- **Description of the task**
Lines in the data below that contain the word "visual" are to be copied.

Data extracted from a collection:
***

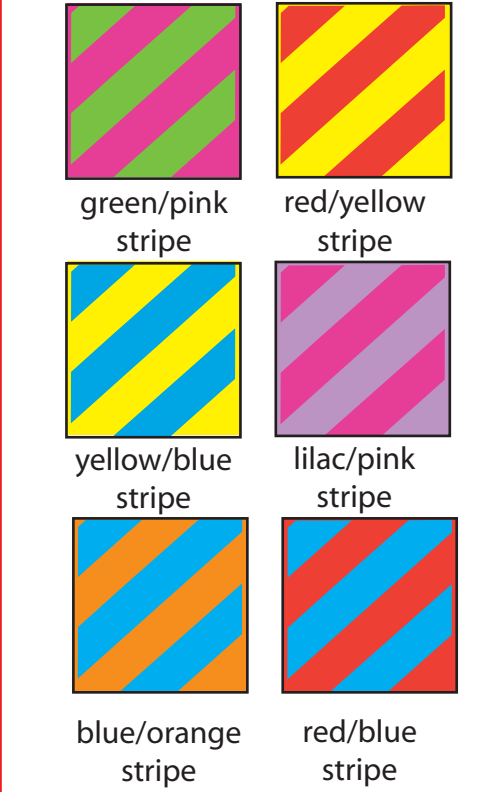

3/4 inch BANDET

QUANTITY:
BAND COLOUR:
PRINT COLOUR IS BLACK ONLY

Serial numbering as standard

The dashed box indicates the recommended print area of the band and is for visual purpose only

PRINT AREA
Recommended print area 100mm x 15mm
Can print 180mm x 15mm but print will be partially covered by part of the band

COLOURS AVAILABLE

NEW COLOURS AVAILABLE

Tel 01892 548364
artwork@idcband.co.uk

PLEASE NOTE that these proofs serve as a visual guide only and colours may not be a true representation. Always refer to a pantone print guide for colour matching

***

- **Completed task**
The dashed box indicates the recommended print area of the band and is for visual purpose only
PLEASE NOTE that these proofs serve as a visual guide only and colours may not be a true representation. Always refer to a pantone print guide for colour matching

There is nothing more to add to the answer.